В эту минуту послышался неизъяснимо нежный голос, казалось, звучавший издалека, доносившийся одновременно я с высоты небес и из глубин земли, чудесный и страдальческий голос Деи.
Все, что Гуинплен до сих пор испытал, сразу было позабыто. Говорил его ангел. Ему чудилось, что он слышит слова, произносимые где-то за пределами жизни, как бы в блаженном забытьи. Голос говорил:
— Он хорошо сделал, что ушел. Этот мир не для него. Только и мне нужно уйти вслед за ним. Отец, я не больна, я слышала все, что вы говорили; мне хорошо, я чувствую себя прекрасно; я спала. Отец, я буду счастлива.
— Дитя мое, — с тоскою спросил Урсус, — что ты хочешь этим сказать?
— Отец, не огорчайтесь, — ответила Дея.
Наступила пауза; очевидно, она перевела дух, затем до Гуинплена донеслись медленно произнесенные слова:
— Гуинплена больше нет. Теперь я действительно слепа. Раньше я не знала ночи. Ночь — это разлука.
Голос ее опять прервался, потом снова зазвенел:
— Я всегда боялась, что он улетит; я знала, что он спустился ко мне с неба. И вот он исчез. Этого и нужно было ожидать. Душа улетает, как птица. Но гнездо души находится в глубине, там, где скрыт великий магнит, притягивающий к себе все; я хорошо знаю, где можно найти Гуинплена. Поверьте, я найду к нему дорогу. Отец, он там. Позднее и вы будете с нами. И Гомо тоже.

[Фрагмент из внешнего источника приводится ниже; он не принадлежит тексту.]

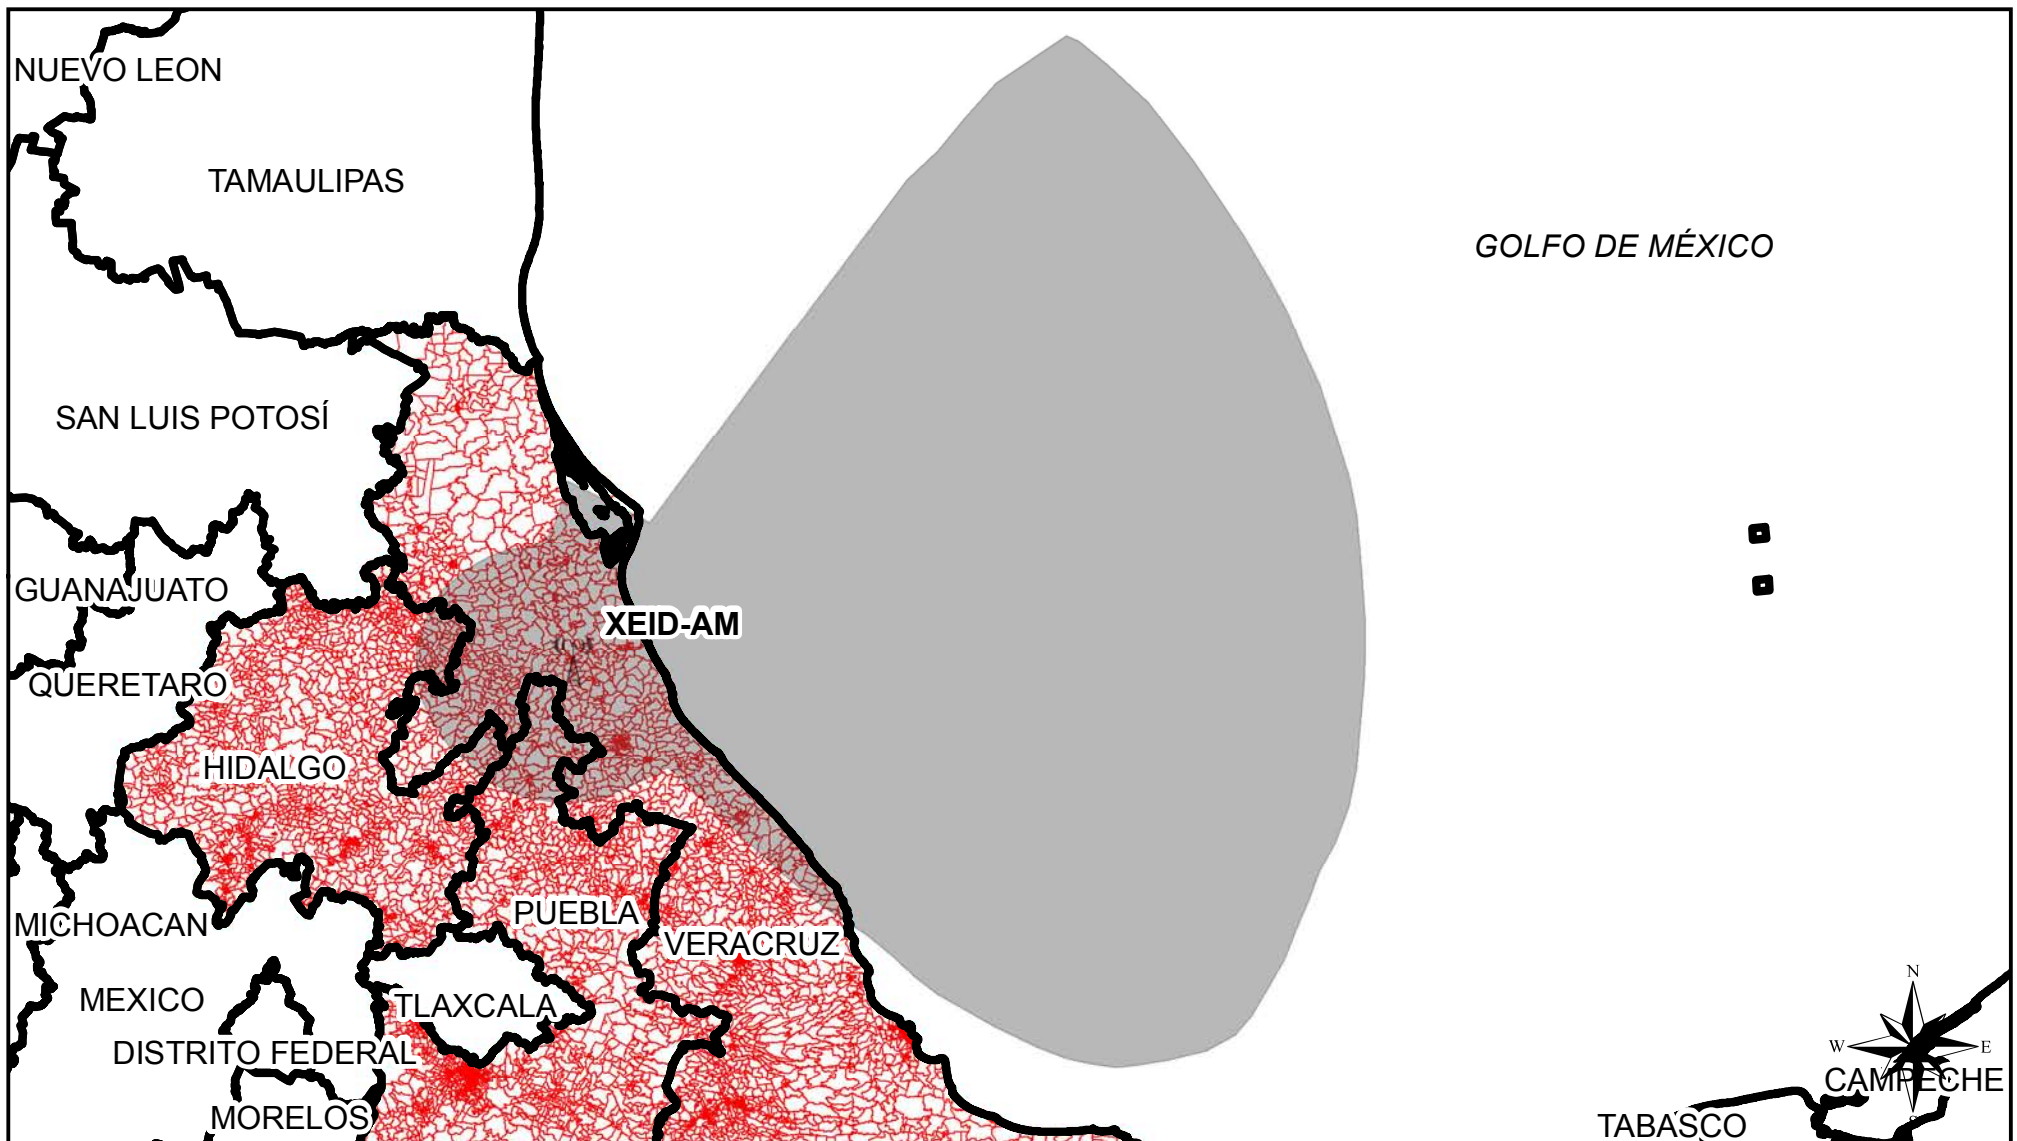

Cobertura de Emisoras de Radio

Entidad Origen	Siglas	Entidades con Cobertura	Secciones Cubiertas	Secciones de la Entidad	Porcentaje de Secciones	Padrón	Lista Nominal
Veracruz	XEID-AM	Veracruz	1038	866	83.43	928,396	852,890
Veracruz	XEID-AM	Hidalgo	1038	101	9.73	88,158	81,023
Veracruz	XEID-AM	Puebla	1038	71	6.84	92,256	85,357

Simbología

-  ANTENA EMISORA
-  COBERTURA AM
-  SECCIÓN

Услышав свое имя, Гомо слегка ударил хвостом по палубе.
— Отец, — продолжал голос, — вы же понимаете — все кончено с тех пор, как Гуинплена нет. Если бы я и хотела, я не могла бы здесь остаться: без воздуха нечем дышать. Не надо требовать невозможного. Когда со мною был Гуинплен, я жила — это было так просто. Теперь Гуинплена больше нет, и я умираю. Либо он должен вернуться, либо я должна умереть. Но так как возвратиться он не может, я ухожу сама. Так хорошо умереть! Это совсем не страшно. Отец, то, что гаснет здесь, вновь зажигается там. Когда живешь, постоянно чувствуешь, как от боли сжимается сердце. Нельзя же страдать вечно. И вот люди уходят, как вы говорите, к звездам, там сочетаются браком, не расстаются никогда и любят, любят друг друга; это и есть царство небесное.
— Ну, не волнуйся так, — сказал Урсус.
Голос продолжал:
— В прошлом году, весной, мы были вместе, были счастливы, не то что теперь. Я уж не помню где, в каком-то маленьком городке; там шелестели деревья, и я слышала пение малиновок. Потом мы приехали в Лондон, и все переменилось. Я никого не упрекаю. Перебираясь на новое место, никто не знает, что там случится. Помните, отец, однажды вечером в большой ложе сидела женщина, которую вы называли герцогиней? Мне стало грустно. Я думаю, было бы лучше избегать больших городов. Но Гуинплен поступил хорошо. Теперь моя очередь. Вы сами мне рассказывали, что я была совсем малюткой, когда моя мать умерла, что я ночью лежала на земле и снег падал на меня, а Гуинплен тогда тоже был ребенком и тоже совершенно одиноким; он подобрал меня, и лишь потому я осталась в живых; не удивляйтесь же, если я сегодня должна покинуть вас и уйти в могилу, чтобы узнать, там ли Гуинплен. Ведь единственное, что у нас есть при жизни, — это сердце, а когда жизнь кончится, — душа. Отец, вы хорошо понимаете, о чем я говорю. Что это колышется? Мне кажется, будто наш дом движется. Однако я не слышу стука колес.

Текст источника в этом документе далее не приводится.